**REQUIRED WORK**
Set down, exactly as written, the lines from the top of the data to the line that holds "Level Tested", and omit the pictures.

━━━━━━

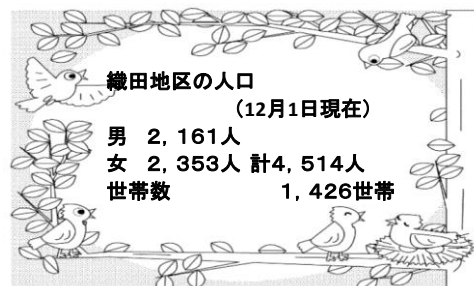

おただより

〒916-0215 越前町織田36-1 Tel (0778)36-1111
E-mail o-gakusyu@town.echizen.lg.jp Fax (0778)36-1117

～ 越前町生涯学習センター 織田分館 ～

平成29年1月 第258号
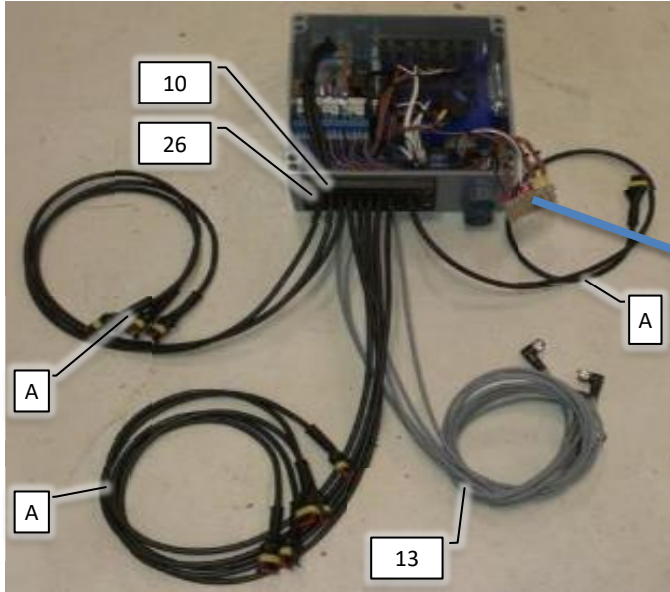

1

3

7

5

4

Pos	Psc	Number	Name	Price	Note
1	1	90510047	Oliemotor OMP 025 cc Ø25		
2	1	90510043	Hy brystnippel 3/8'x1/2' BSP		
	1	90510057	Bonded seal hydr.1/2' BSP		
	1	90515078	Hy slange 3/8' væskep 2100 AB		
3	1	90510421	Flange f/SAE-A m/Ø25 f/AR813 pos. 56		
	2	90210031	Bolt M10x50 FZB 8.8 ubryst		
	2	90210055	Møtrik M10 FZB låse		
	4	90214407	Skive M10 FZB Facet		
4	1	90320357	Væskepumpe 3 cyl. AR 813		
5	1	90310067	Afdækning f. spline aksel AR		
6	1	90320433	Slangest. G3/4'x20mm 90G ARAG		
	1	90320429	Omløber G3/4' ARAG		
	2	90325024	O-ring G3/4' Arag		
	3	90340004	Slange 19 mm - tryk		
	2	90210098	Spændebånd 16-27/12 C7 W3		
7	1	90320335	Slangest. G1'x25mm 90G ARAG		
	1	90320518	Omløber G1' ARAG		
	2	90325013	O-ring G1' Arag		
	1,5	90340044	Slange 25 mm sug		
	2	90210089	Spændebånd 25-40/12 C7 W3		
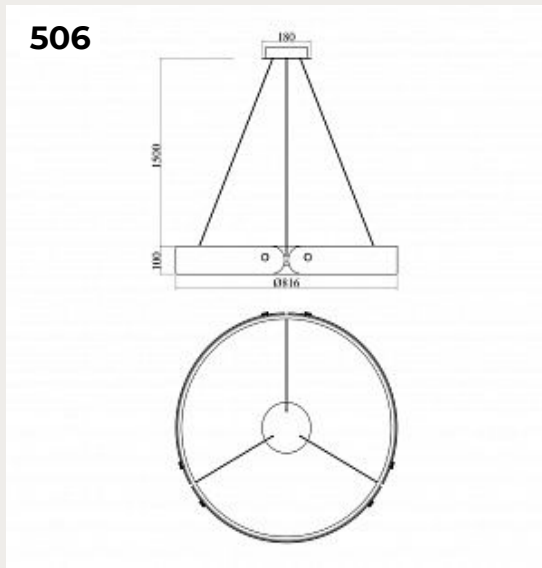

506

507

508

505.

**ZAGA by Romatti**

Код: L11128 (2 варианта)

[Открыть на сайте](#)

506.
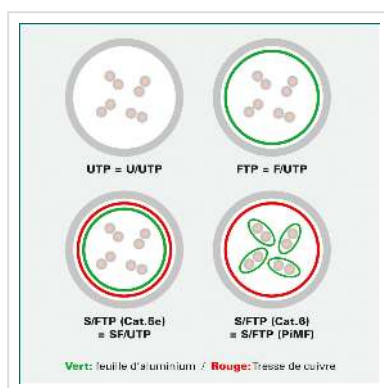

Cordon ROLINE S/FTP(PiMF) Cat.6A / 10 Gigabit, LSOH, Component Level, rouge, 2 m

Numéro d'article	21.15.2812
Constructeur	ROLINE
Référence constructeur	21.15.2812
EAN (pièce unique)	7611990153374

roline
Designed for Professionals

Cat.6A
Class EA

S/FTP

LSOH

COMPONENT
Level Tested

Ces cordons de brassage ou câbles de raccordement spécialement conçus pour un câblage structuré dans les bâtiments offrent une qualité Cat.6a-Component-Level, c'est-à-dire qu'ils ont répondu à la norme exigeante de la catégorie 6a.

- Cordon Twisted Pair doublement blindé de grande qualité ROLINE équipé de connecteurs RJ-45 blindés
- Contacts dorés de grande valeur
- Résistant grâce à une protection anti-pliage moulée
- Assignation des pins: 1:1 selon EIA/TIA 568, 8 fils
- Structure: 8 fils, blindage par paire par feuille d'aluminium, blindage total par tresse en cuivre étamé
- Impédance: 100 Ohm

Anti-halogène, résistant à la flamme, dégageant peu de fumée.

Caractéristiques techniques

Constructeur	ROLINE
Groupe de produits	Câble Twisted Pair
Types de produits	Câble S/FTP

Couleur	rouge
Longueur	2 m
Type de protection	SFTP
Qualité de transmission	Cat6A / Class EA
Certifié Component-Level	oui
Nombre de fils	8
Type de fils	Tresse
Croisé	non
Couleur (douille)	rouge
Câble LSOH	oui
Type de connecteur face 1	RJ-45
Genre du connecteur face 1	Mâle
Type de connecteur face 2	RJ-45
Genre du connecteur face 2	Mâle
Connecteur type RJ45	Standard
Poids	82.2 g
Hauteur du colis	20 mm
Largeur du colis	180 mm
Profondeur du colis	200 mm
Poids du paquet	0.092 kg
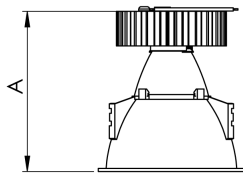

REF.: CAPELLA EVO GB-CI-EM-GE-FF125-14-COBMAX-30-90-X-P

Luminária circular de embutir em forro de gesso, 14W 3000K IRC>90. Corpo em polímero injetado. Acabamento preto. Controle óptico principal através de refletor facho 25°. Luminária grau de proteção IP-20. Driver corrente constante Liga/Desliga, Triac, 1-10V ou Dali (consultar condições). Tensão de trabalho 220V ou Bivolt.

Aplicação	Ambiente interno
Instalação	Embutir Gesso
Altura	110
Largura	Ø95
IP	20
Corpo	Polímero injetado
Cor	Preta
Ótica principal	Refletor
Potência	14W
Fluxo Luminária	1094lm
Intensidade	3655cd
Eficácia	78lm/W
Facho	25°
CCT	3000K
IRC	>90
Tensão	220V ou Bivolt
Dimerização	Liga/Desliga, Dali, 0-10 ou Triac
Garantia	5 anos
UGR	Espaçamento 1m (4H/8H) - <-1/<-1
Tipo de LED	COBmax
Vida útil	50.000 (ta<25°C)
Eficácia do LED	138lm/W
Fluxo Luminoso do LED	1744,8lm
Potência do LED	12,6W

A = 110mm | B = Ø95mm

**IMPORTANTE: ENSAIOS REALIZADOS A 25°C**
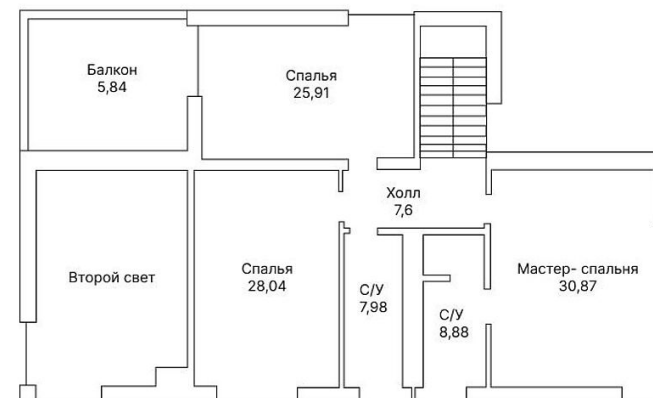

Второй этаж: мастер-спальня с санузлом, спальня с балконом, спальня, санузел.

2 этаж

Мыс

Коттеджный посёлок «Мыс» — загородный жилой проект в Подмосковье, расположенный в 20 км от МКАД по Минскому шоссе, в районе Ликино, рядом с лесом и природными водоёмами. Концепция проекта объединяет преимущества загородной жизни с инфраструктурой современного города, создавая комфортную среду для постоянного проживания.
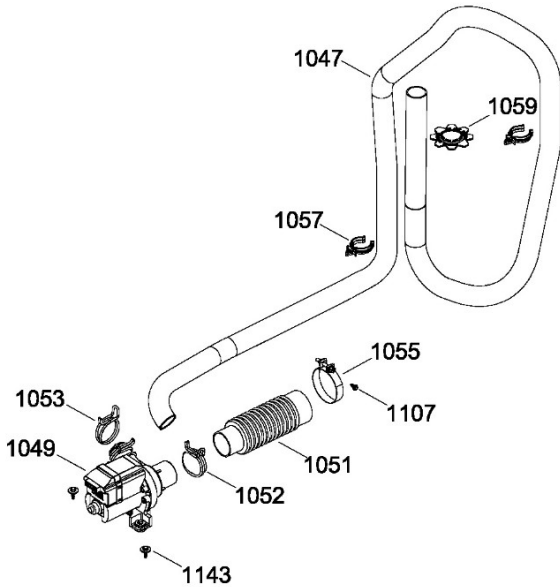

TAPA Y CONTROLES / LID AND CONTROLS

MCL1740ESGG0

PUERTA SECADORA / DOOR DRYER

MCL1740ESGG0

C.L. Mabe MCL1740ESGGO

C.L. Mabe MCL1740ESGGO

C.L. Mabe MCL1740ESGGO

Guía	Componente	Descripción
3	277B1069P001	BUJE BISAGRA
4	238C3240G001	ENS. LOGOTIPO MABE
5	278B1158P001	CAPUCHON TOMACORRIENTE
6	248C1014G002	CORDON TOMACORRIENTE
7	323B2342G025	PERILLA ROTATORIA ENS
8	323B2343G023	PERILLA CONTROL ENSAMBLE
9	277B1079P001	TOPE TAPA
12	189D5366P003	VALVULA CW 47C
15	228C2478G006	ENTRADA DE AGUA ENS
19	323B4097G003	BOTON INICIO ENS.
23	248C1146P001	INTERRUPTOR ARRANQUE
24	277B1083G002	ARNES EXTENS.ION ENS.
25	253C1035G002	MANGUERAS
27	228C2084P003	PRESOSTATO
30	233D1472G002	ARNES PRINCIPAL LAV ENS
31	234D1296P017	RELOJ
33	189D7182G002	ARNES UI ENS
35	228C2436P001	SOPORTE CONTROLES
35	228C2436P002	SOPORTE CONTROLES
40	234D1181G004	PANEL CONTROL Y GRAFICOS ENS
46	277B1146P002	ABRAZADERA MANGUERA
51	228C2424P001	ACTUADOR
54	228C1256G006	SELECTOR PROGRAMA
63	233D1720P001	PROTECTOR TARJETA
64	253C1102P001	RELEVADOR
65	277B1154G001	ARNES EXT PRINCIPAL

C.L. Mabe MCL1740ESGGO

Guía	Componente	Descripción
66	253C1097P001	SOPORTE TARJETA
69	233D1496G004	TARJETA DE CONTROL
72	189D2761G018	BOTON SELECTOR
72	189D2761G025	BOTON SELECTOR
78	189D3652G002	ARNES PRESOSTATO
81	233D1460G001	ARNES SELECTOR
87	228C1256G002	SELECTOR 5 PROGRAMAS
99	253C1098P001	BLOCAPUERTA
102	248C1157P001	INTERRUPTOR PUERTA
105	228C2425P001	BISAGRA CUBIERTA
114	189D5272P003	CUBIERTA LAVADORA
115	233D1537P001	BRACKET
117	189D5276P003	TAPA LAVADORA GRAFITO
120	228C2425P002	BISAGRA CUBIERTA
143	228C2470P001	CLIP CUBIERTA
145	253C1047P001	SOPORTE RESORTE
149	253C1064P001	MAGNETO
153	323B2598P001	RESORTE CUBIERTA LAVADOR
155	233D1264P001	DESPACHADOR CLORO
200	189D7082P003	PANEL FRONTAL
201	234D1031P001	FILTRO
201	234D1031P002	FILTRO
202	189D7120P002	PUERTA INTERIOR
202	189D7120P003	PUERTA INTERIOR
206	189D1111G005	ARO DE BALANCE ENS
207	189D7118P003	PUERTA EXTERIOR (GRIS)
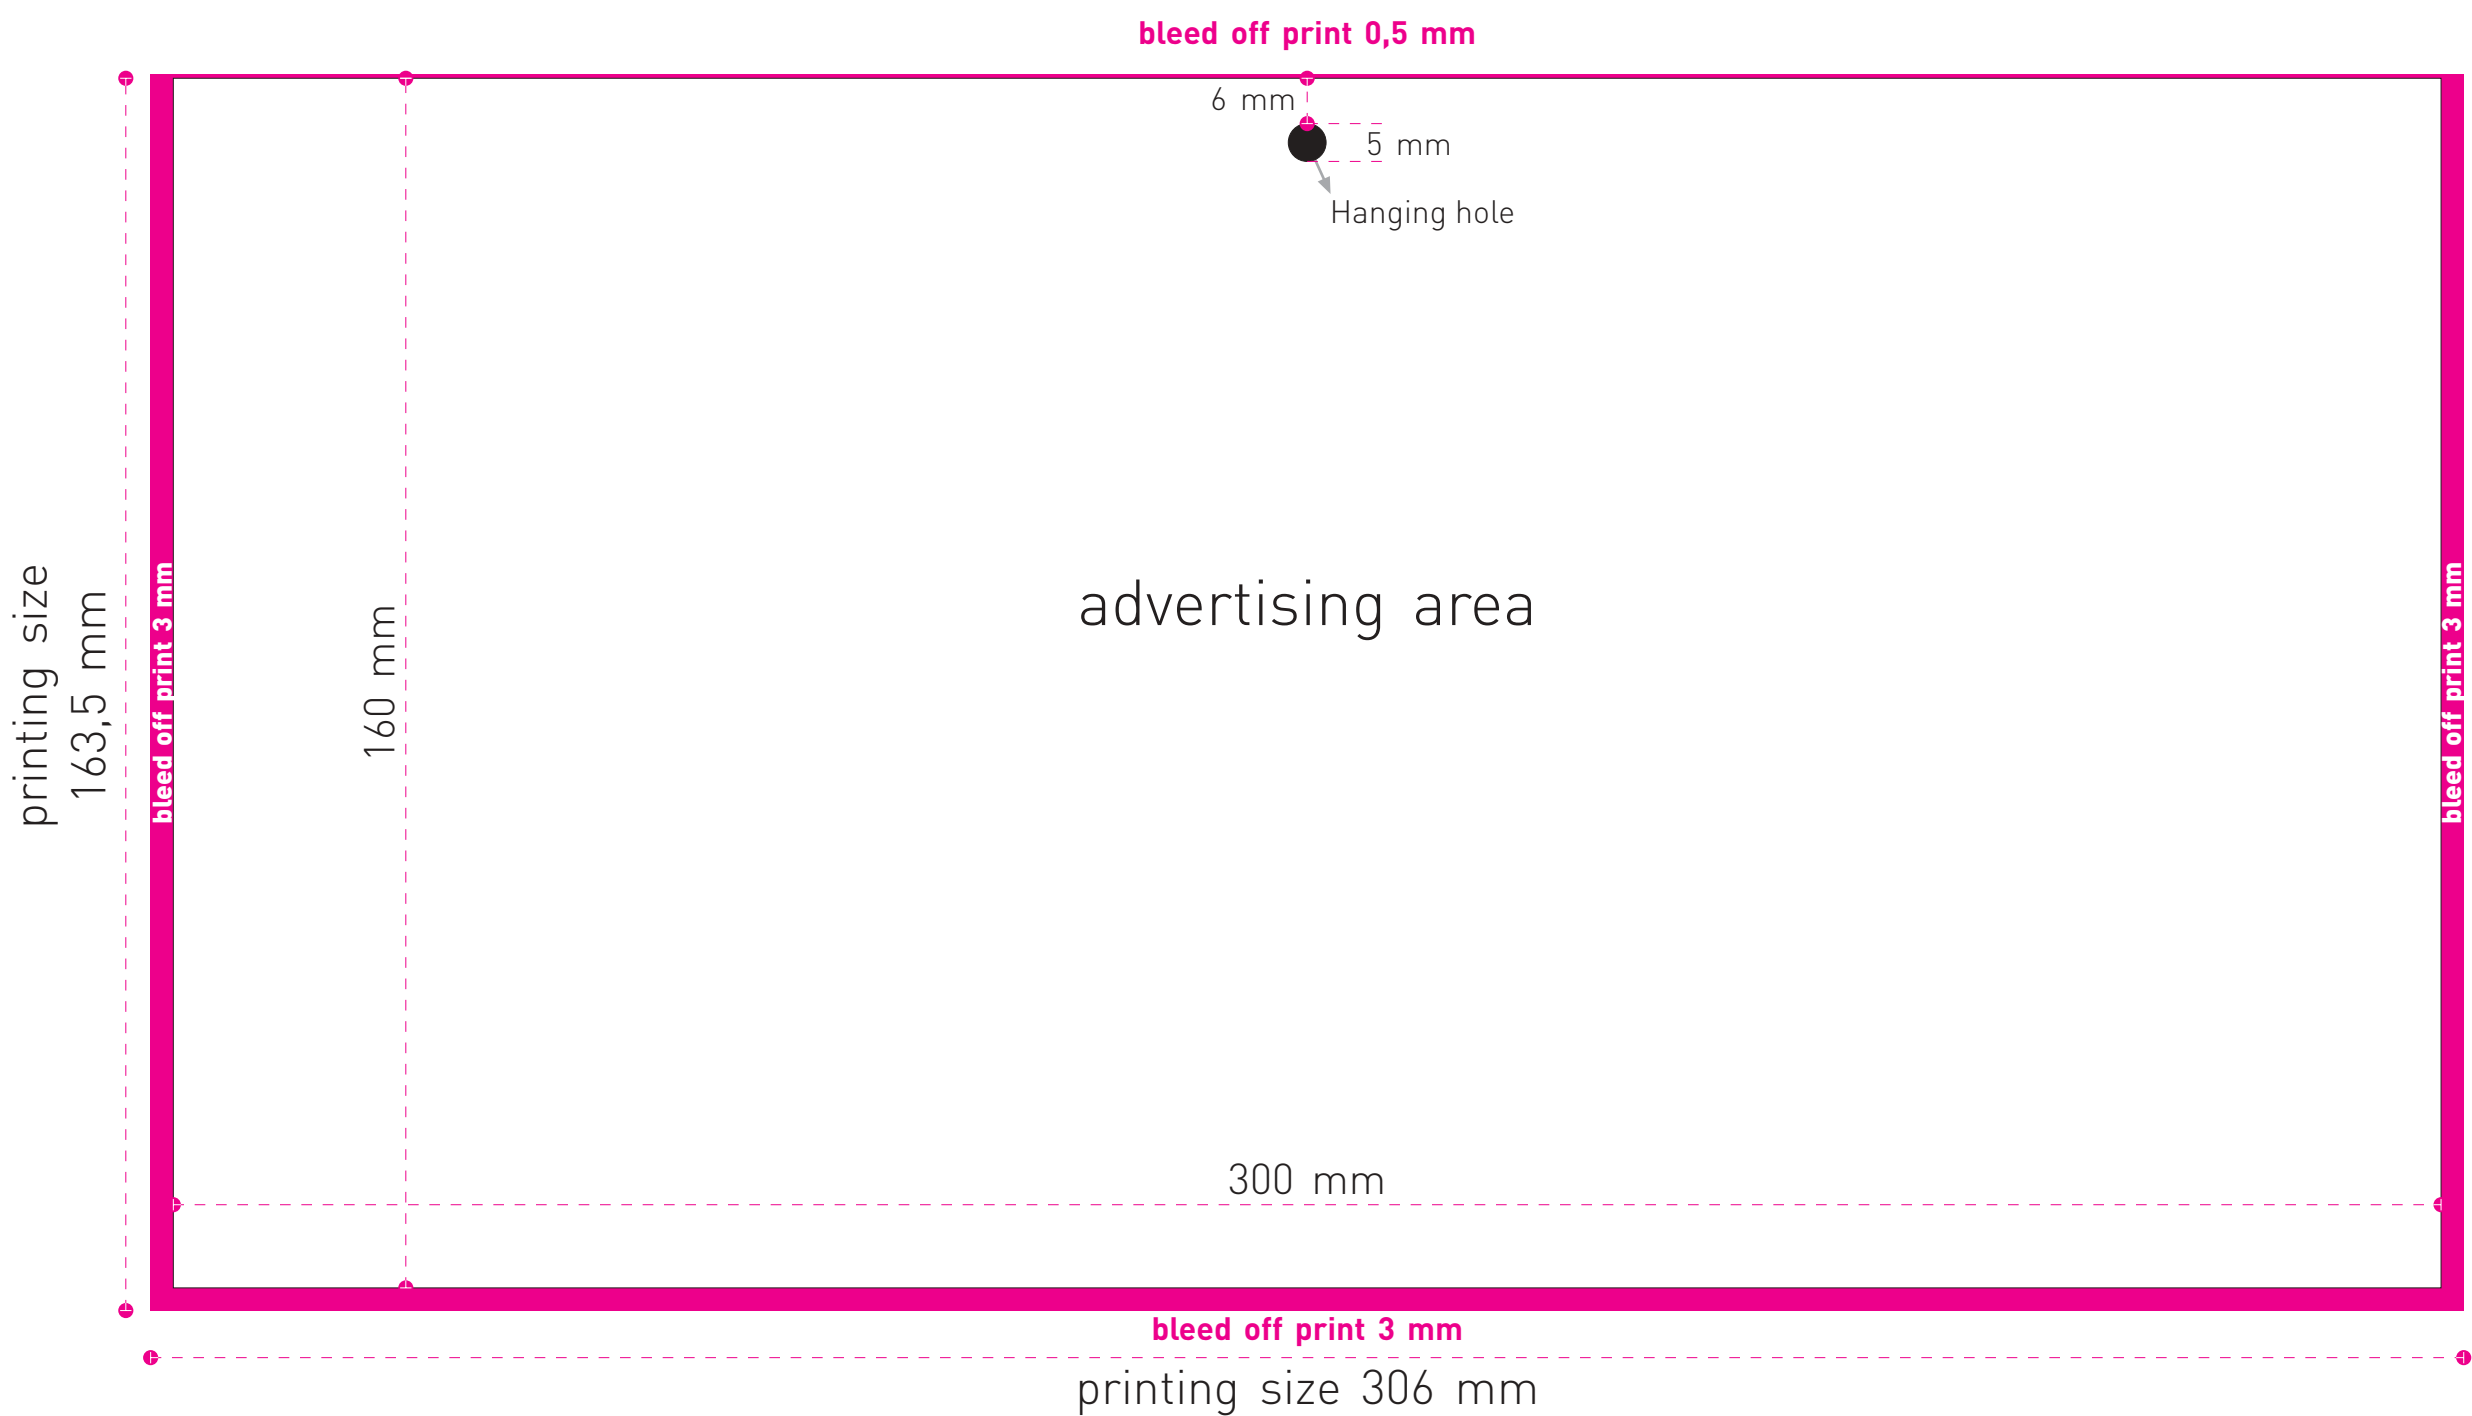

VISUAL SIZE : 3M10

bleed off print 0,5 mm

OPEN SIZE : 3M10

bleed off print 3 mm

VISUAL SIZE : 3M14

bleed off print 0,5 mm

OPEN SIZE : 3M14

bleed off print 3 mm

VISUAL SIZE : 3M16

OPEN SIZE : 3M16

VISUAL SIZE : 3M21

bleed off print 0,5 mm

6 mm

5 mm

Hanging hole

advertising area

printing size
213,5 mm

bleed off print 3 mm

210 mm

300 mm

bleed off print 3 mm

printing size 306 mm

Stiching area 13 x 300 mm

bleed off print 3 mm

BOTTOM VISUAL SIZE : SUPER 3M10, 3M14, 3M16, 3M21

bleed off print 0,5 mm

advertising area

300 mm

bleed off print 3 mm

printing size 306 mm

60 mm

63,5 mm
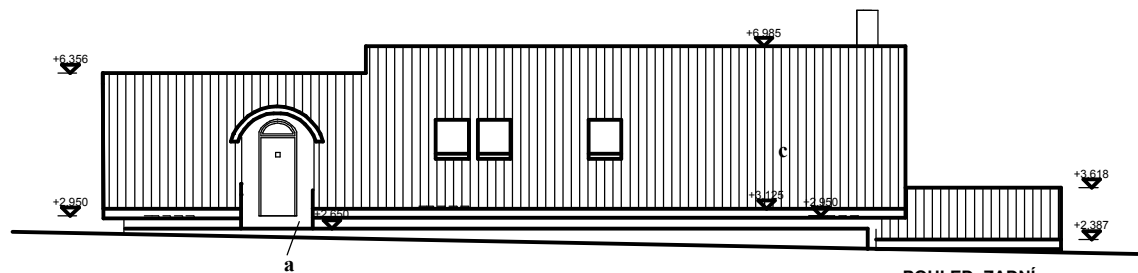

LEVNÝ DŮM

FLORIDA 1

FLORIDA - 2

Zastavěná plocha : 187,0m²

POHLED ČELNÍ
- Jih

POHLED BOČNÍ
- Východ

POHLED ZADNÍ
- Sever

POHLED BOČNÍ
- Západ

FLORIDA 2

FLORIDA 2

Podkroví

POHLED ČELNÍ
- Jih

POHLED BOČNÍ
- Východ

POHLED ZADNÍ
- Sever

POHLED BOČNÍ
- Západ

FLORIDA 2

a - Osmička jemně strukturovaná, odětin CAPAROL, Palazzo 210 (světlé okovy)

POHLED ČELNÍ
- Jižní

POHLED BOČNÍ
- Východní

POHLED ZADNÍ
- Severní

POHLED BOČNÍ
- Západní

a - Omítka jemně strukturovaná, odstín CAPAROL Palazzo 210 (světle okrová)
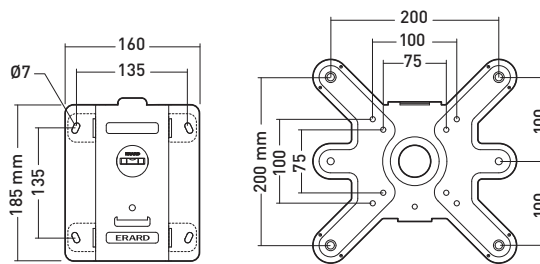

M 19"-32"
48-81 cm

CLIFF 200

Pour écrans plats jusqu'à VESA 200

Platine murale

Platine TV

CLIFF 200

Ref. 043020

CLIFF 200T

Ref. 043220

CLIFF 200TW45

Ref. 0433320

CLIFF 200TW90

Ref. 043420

━━━━━━

**REPLY**
おただより

〒916-0215 越前町織田36-1 Tel (0778)36-1111
E-mail o-gakusyu@town.echizen.lg.jp Fax (0778)36-1117

～ 越前町生涯学習センター 織田分館 ～

平成29年1月 第258号

1

3

7

5

4

Pos	Psc	Number	Name	Price	Note
1	1	90510047	Oliemotor OMP 025 cc Ø25		
2	1	90510043	Hy brystnippel 3/8'x1/2' BSP		
	1	90510057	Bonded seal hydr.1/2' BSP		
	1	90515078	Hy slange 3/8' væskep 2100 AB		
3	1	90510421	Flange f/SAE-A m/Ø25 f/AR813 pos. 56		
	2	90210031	Bolt M10x50 FZB 8.8 ubryst		
	2	90210055	Møtrik M10 FZB låse		
	4	90214407	Skive M10 FZB Facet		
4	1	90320357	Væskepumpe 3 cyl. AR 813		
5	1	90310067	Afdækning f. spline aksel AR		
6	1	90320433	Slangest. G3/4'x20mm 90G ARAG		
	1	90320429	Omløber G3/4' ARAG		
	2	90325024	O-ring G3/4' Arag		
	3	90340004	Slange 19 mm - tryk		
	2	90210098	Spændebånd 16-27/12 C7 W3		
7	1	90320335	Slangest. G1'x25mm 90G ARAG		
	1	90320518	Omløber G1' ARAG		
	2	90325013	O-ring G1' Arag		
	1,5	90340044	Slange 25 mm sug		
	2	90210089	Spændebånd 25-40/12 C7 W3		

506

507

508

505.

**ZAGA by Romatti**

Код: L11128 (2 варианта)

[Открыть на сайте](#)

506.

Cordon ROLINE S/FTP(PiMF) Cat.6A / 10 Gigabit, LSOH, Component Level, rouge, 2 m

Numéro d'article	21.15.2812
Constructeur	ROLINE
Référence constructeur	21.15.2812
EAN (pièce unique)	7611990153374

roline
Designed for Professionals

Cat.6A
Class EA

S/FTP

LSOH

COMPONENT
Level Tested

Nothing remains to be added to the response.